RegexFormat 8 - Unicode Special Edition
Major Version 8 Released 2-8-2017
Explore Unicode 9 with super controls.
This version is built with VS2015 and requires those MFC / CRT runtime libraries.
They are included in the setup as Merge Modules.
If you have problems with installation, download and install the distributable from Microsoft.
Alternatively, they are available from the distributable directory:
Available in 32 and 64 bit versions.
A zipped install of the latest version can be downloaded here:
RegexFormat 8 uses crypto services from CryptoAPI.dll.
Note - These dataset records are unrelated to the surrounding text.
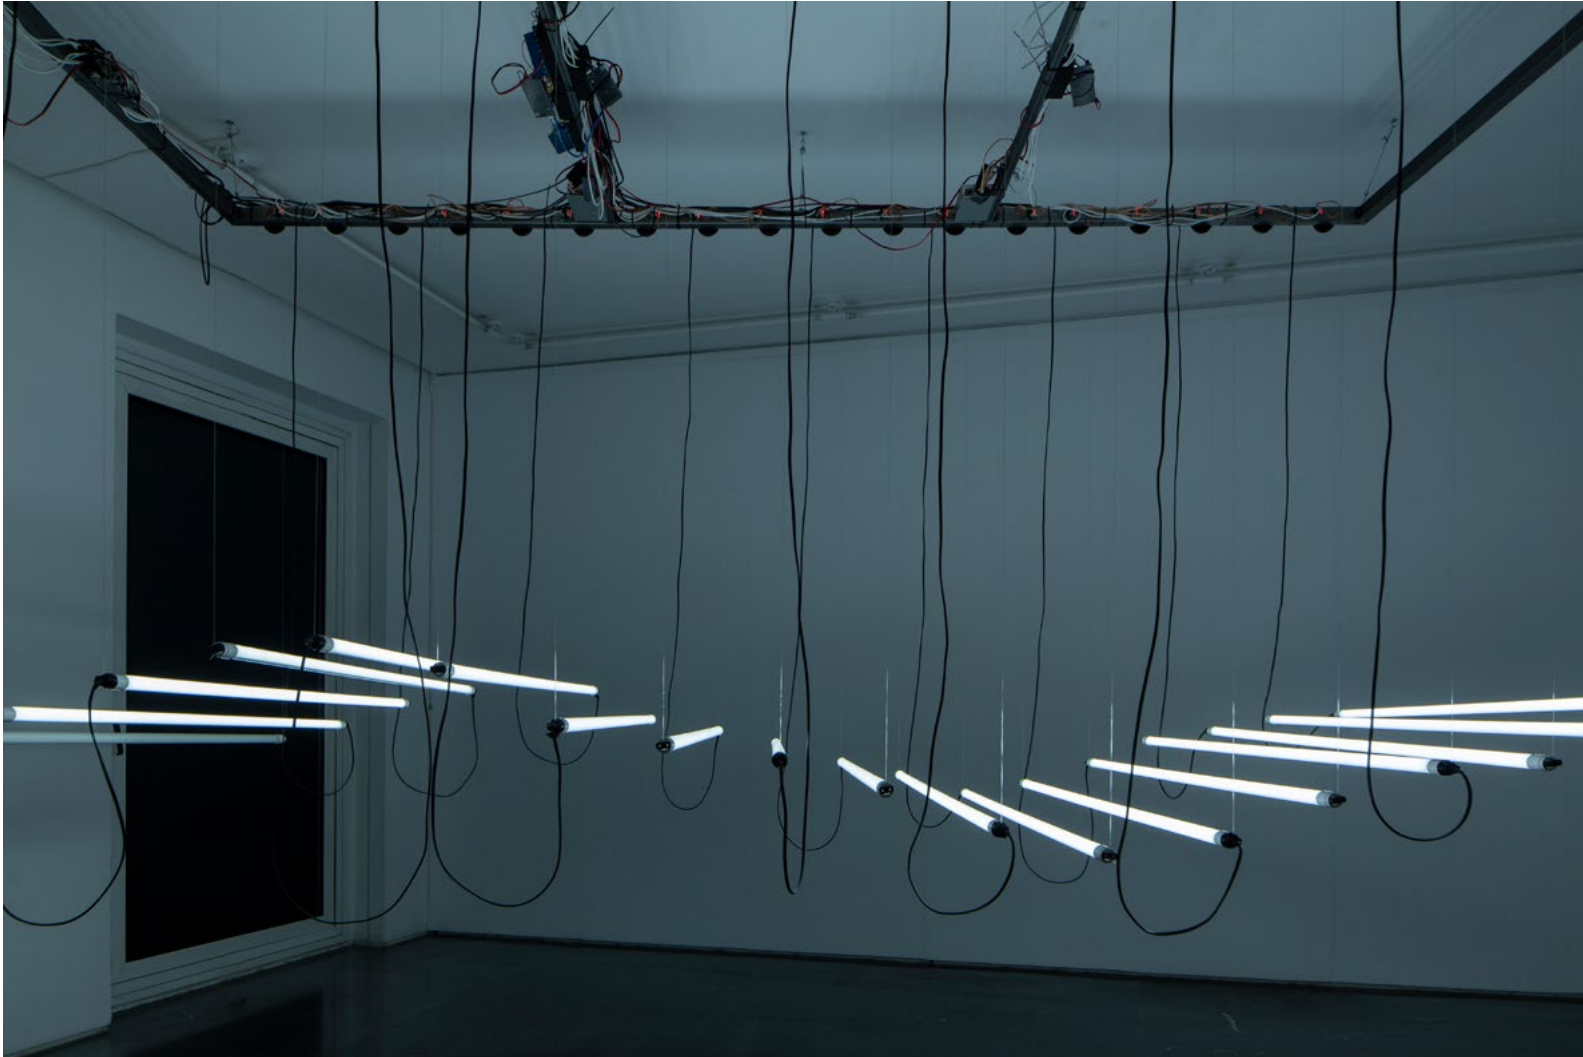

Cero absoluto: Superfluid
José García Vallés

Luis Adelantado
Valencia

Bonaire, 6
46003 VALENCIA. Spain
T: (+34) 963 510 179
info@luisadelantado.com
www.luisadelantado.com

Cero absoluto: Superfluid, 2019.
Iron, LED light tubes, motors and electronics. 150 x 360 x 220 cm

Cero absoluto: Superfluid (Detail), 2019.
Iron, LED light tubes, motors and electronics. 150 x 360 x 220 cm

Cero absoluto: Superfluid (Detail), 2019.
Iron, LED light tubes, motors and electronics. 150 x 360 x 220 cm

This is usually located in the
Windows\System32 directory. Please insure that it is installed.
Version History ( Latest build: 8.4 - 2 )
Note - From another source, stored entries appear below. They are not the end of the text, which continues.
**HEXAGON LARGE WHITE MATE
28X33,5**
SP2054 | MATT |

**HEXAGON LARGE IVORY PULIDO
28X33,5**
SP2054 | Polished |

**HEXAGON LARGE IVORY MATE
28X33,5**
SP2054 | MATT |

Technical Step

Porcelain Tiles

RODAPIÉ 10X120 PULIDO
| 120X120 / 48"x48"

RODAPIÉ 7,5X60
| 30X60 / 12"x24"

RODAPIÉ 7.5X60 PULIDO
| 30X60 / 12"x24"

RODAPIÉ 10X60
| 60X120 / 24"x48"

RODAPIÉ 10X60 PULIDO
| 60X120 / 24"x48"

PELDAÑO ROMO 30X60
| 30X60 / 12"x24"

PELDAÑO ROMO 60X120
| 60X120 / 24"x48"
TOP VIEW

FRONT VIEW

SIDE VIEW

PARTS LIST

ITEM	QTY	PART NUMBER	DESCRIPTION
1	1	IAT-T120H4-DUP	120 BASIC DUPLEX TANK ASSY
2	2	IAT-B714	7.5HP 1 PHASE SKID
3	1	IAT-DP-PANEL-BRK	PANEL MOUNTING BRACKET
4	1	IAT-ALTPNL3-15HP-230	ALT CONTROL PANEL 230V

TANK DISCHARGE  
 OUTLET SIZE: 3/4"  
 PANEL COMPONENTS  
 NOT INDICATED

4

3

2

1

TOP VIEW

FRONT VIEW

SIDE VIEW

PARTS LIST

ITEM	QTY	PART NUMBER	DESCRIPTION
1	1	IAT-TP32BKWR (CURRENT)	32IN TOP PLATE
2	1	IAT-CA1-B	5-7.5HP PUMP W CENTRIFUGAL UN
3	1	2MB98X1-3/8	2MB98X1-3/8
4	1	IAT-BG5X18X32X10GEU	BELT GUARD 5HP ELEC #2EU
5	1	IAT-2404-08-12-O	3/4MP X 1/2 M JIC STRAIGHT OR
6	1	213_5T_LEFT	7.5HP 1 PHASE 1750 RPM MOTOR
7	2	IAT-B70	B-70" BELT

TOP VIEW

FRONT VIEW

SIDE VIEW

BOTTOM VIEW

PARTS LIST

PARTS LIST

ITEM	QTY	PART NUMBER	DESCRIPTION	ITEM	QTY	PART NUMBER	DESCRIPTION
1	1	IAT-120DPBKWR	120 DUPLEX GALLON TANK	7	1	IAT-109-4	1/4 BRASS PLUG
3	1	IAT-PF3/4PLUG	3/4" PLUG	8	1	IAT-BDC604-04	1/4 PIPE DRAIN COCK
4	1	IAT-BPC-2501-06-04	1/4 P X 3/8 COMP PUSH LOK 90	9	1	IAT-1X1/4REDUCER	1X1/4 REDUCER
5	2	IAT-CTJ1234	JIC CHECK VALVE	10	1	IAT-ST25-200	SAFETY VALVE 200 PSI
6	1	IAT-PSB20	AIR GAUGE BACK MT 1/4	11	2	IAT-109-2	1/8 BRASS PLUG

Version 8.4 – 2 1/11/2018 Added the current Regex engine type text to the Formatted Output tab label (MDI document),
which is currently selected in the flags pane.
When the engine format type changes, the engine type is included in the formatted tab label.
Also, when changed, an arrow indicator is set in the State button text as a reminder
that the regex source needs to be reformatted. The reminder arrow disappears upon
subsequent formatting. This extends the properties to a more easily visible location.
Version 8.4 – 0 12/1/2017 Release minor sub-version 8.4.
A Cumulative update ( which includes the previous regex engine modifications ),
new changes and some bug fixes.
- Within the Hex Reader dialog.
Replace “CRLF” metrics and highlighting to encompass all Unicode line breaks.
Modified “Whitespace” metrics and highlighting to encompass all Unicode whitespace.
- A Save All Modified menu item added in the “File” menu. Includes a Yes to all button within the dialog.
- Within the Format regex code, fixed a bug where some whitespace was not getting
escaped when in X-Mode (eXpanded).
- Within the Strings To Regex(Ternary Tree) dialog, fixed a bug in the Simple Factoring algorithm.
Version 8.3 – 8 11/16/2017 Regex engine modifications:
- Allow Back References to undefined groups (not yet parsed).
- Allow Nested Back References.
Note – these are significant changes to the boost regex engine, and these and the other mods
bring it up to par (and performance) with Perl’s regex engine.
Version 8.3 – 7 11/6/2017 Added another new option to the Strings to Regex Ternary Tree Tool:
Do group factoring. Screenshot: Strings to Regex – Ternary Tree
Version 8.3 – 6 10/27/2017 Extended Leap Year Range to Regex tool’s year range from 0 – 9999.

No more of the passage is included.